After firing the last of dozens of combinations into the mitts of trainer John Hunter, he couldn't contain his enthusiasm.
"136!" he yelled out. "I feel strong as an ox."
Spivey fights Victor Vasquez for the North American Boxing Association Lightweight title tonight in Atlantic City, N.J., bringing a 40-6 record and almost 19 years of ring savvy to the task. On Tuesday, after what he calls the best training camp of his career, he was just a pound over the 135-pound limit, with three days to shed it.
"He's as strong as I've ever seen him, this close to a fight, with his weight down that low," Hunter said.
In the late rounds of his career, Spivey appears to be gaining steam. After enduring years of management turmoil and long periods of inactivity, he's still punching.
In a sport in which the uncertainty outside the ring can do as much damage as the blows inside it, his personal and professional worlds have aligned.
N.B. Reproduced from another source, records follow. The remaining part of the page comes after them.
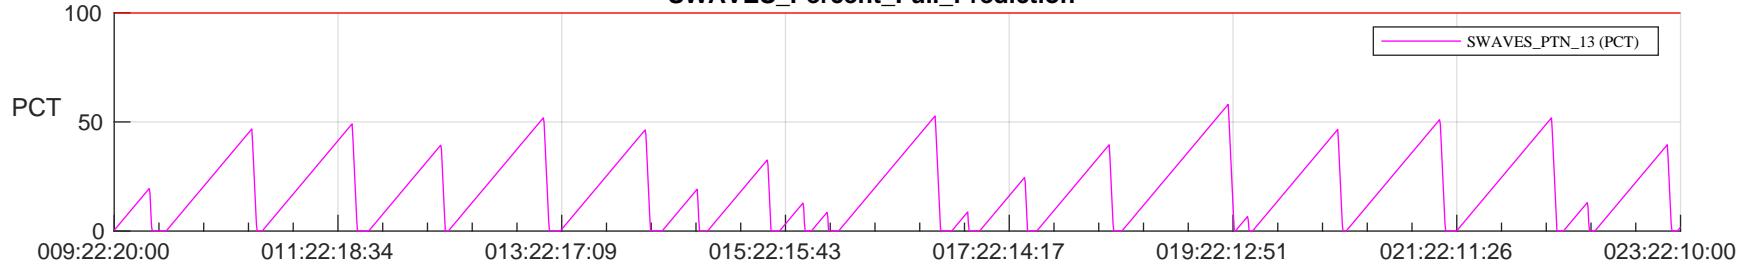

# STEREO AHEAD SSR PCT Full Prediction

## SWAVES\_Percent\_Full\_Prediction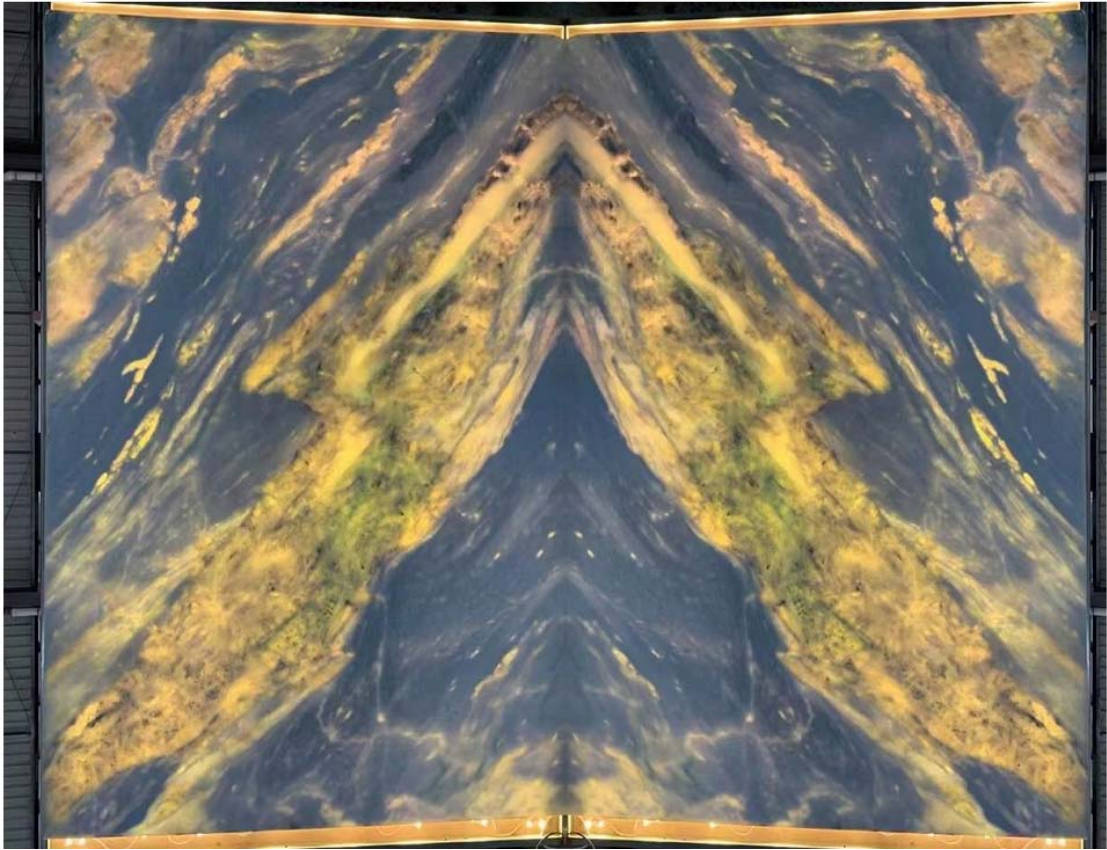

GRISODONNA

ITALIAN DESIGN

YZA718# 2/2 1630x2500 3#

YZ0910# 3/1 3100x1870 5P 6-9

HRY8733 (1) 238X174

SE - 127#310*1970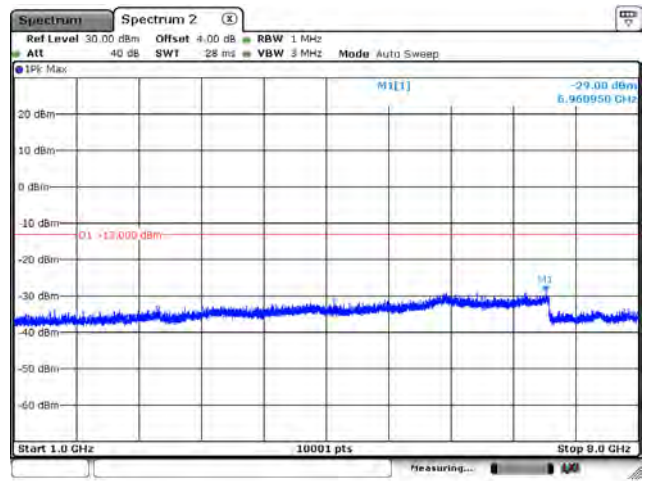

CH23095_15k_BPSK_1RB0_Below 1G

CH23095_15k_BPSK_1RB0_Above 1G

CH23178_15k_BPSK_1RB0_Below 1G

CH23178_15k_BPSK_1RB0_Above 1G

CH23012_15k_QPSK_1RB0_Below 1G

Date: 26-APR-2026 09:55:26

CH23012_15k_QPSK_1RB0_Above 1G

"When you go through down times you don't fight your best," Spivey said. "Now I've got people around me I trust and love."
Spivey has a new manager, Floyd Kuriloff, and has found a training home at Bushido Mixed Martial Arts Academy in Portsmouth.
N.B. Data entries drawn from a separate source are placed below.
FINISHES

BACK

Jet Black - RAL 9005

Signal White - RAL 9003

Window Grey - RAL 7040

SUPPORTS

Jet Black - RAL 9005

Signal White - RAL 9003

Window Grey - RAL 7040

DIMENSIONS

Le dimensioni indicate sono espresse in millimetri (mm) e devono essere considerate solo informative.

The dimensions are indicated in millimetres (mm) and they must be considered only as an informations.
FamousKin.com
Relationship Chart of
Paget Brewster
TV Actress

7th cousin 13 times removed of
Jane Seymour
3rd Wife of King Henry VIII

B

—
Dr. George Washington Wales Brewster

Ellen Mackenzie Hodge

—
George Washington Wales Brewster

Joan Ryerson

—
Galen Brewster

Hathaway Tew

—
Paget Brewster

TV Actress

Busy and situated again, he's knows down times, going through several promoters and wondering at times where his next fight would come from.
He's appeared all but finished on several occasions.
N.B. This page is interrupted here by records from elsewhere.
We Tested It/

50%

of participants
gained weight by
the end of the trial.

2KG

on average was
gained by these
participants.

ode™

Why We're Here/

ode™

There was the loss to journeyman Dean White in 2006. Spivey took almost two years off after that bout.
There was a loss to Antonin Decarie in 2009. Spivey took that bout on short notice and agreed to fight at 146 pounds, in Decarie's hometown of Montreal. By fight night, Decarie weighed 164. Battered, Spivey did well to survive 12 rounds.
Spivey was signed as a steppingstone opponent for his next fight, against Meacher Major, who was considered a rising prospect. He stunned Major, knocking him out in the fourth round.
He has not lost since. Tonight's fight is his third in six months, since signing with promoter Diane Fischer.
Fischer's intention is to get Spivey, ranked No. 14 by the World Boxing Association, a world title bout. Tonight is a step in that direction.
Vasquez (14-5-2) is 29, but Spivey is conceding nothing to time, saying his reflexes are as sharp as ever and his technical skill the best it's been.
In his last fight, he averaged 100 punches a round, a dizzying work rate at any age.
Never having touched a weight before, in keeping with the old boxing belief that said weight training is taboo, he began strength training for the first time in his career, and believes it has added pop to his punches.
Hunter, a bit of an ageless wonder himself at 73, said Spivey's squeaky-clean lifestyle has kept the fighter young.
For his part, Spivey said he never planned to fight this long.
"I never thought I'd be in this position," he said. "I just hung in there and never gave up."